Deputy First Minister Martin McGuinness and First Minister Arlene Foster wrote to Mrs May more than two months ago about their Brexit concerns. Picture by Matt Bohill 
Brendan Hughes

THE first and deputy first ministers have faced criticism for failing to reveal Theresa May's response to their Brexit letter ahead of a key assembly debate.

The British prime minister responded last Friday – more than two months after Arlene Foster and Martin McGuinness sent their joint letter outlining Brexit concerns.

In separate replies to the ministers, Mrs May did not make any new commitments to Northern Ireland.

She insisted the future of the Irish border is an important priority for the entire UK, and pledged to take full account of the region's specific interests in negotiations with Europe.

However, her response did not include any detailed pledges around specific concerns raised by DUP leader Mrs Foster and Sinn Féin's Mr McGuinness.

Stormont opposition parties criticised the executive for releasing the response first to the media yesterday – despite the issue being raised in a Brexit-related debate at Stormont a day earlier.

SDLP leader Colum Eastwood said it was another example of the executive's "culture of secrecy".

"During the SDLP assembly motion I specifically and directly asked government parties about this letter – yet the reply was stunted silence," he said.

"It has now taken pressure from SDLP economy spokesperson Sinead Bradley to force a DUP MP on radio to inadvertently blurt out that in fact the British prime minister has responded to the August letter.

"Why wasn't this reply published when it was received?

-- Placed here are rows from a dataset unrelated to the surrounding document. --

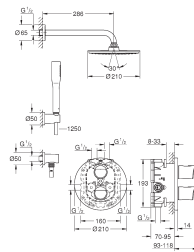

Grotherm 3000 Cosmopolitan Ensemble de douche avec Rainshower Cosmopolitan 310

Constitué de:

Ensemble Grotherm 3000 Cosmopolitan pour installation finale avec Aquadimmer (19 468 000)

GROHE Rapido T corps encastré thermostatique (35 500 000)

Rainshower Cosmopolitan douche de tête 310 mm en métal (27 477 000)

Bras de douche Rainshower 422 mm (26 146 000)

Douchette à main Sena (28 034)

Support mural Rainshower (27 074 000)

Coude de raccord mural Rainshower (27 057 000)

Flexible Silverflex 1250 mm (28 362 000)

Disponible à partir du 1er trimestre 2016

NOUVEAU
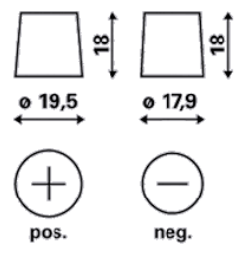

RITNINGAR

B13

0

1

pos.

neg.
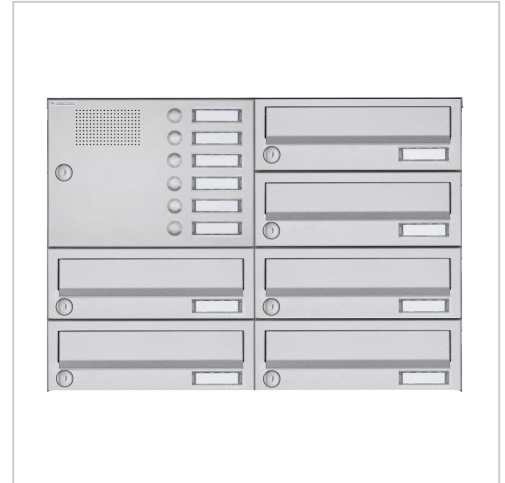

Sistema de buzones de superficie 6x4x2 Diseño BASIC 385A-VA de superficie con caja de timbre - acero inoxidable V2A, pulido | Enlaces | con 6 buzones | Acero inoxidable pulido

Número de artículo 385A-VA-6W-SP-L

Descripción del producto

Sistema de buzones de superficie de 6 unidades 4x2 diseño BASIC 385A-VA-SP de acero inoxidable V2 A pulido con caja de timbre incl. revestimiento lateral y cubierta para la lluvia

Gracias a su diseño, el automontaje no presenta ninguna complicación.

- **Sistema de buzón de superficie de 6 postes de acero inoxidable V2 A, pulido**
- El sistema está fabricado por Briefkasten Manufaktur. Producción de calidad alemana "Made in Germany".
- Los buzones cumplen la norma DIN/EN 13724. Tamaño de inserción (3,5 cm x 26,5 cm) para C4 apaisado, las cartas grandes también caben aquí sin arrugarse.
- Solapas de inserción con labio de goma insonorizante para una inserción del correo muy silenciosa.
- Las puertas pueden abrirse de izquierda a derecha.
- Incluye 2 llaves con número de llave y placa de identificación intercambiable bajo la solapa.
- Disponible opcionalmente con revestimiento lateral ajustado + protector de lluvia de acero inoxidable V2A, pulido.
- **Caja de timbre de acero inoxidable V2 A, pulida**
- Orificio de intercomunicación con adaptador universal. (Sistema de intercomunicación/altavoz integrado no incluido en el volumen de suministro).
- El adaptador universal es adecuado para todos los altavoces empotrables disponibles en el mercado (Siedle, Ritto, TCS, Busch-Jäger, Gira, Legrand Bticino, ELCOM, Auerswald, Comelit y muchos más).
- Pulsador de timbre redondo de acero inoxidable tipo 4, máx. 250 V CA, 5 A.
- Antivandalismo - La placa de características es a prueba de indentaciones y resistente a los golpes, el plástico es ignífugo.
- Para montaje sencillo en pared de 1-2 personas con riel de montaje incl. material de fijación (tornillos + tacos).

Why wasn't it published when questions were asked on the floor of the assembly?"

Ulster Unionist leader Mike Nesbitt said: "It has been a bad day for democracy as the executive plumbed new depths.

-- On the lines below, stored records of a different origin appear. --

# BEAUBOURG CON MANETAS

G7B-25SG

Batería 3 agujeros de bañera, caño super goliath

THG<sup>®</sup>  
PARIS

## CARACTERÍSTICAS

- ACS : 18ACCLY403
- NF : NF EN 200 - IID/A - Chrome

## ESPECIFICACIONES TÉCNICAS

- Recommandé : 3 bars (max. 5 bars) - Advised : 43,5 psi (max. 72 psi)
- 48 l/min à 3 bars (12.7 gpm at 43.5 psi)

"They now appear to think that the Nolan Show is the platform to reveal correspondence about discussions on Northern Ireland's future prosperity."

In Northern Ireland, 56 per cent backed Remain in June's historic EU referendum.

The border's future has dominated the post-referendum fall-out across Ireland, with politicians north and south insisting current arrangements that allow free flow of people and goods must be maintained.

In her reply, Mrs May repeated the oft-used government quote of not wanting to see a "return to the borders of the past".

She said she wanted to see continuance of free movement across the border.

The prime minister also invited Mrs Foster and Mr McGuinness to the next plenary meeting of the Joint Ministerial Committee at Downing Street on Monday.

She said she hoped the meeting would provide an opportunity to "continue our constructive discussion on this important issue".

The SDLP's Mr Eastwood branded the prime minister's response as "equally as vacuous as the original letter she received".

TUV leader Jim Allister said Mrs May's letter "says nothing" and was perhaps "the reason why it had to be prized out of" the executive.

Alliance MLA Stephen Farry said more "concrete assurances" are needed from the prime minister and said it was "disappointing" how her response emerged through the media.

A spokesperson for the first and deputy first ministers said: "Ministers had first sight of this letter on Monday and given the joint nature of the Executive Office the first minister and deputy first minister met at the earliest possible opportunity on Monday following assembly business to discuss the contents. We later discussed the letter with the secretary of state at 5pm.

"We will continue to work constructively to represent the needs of all our people."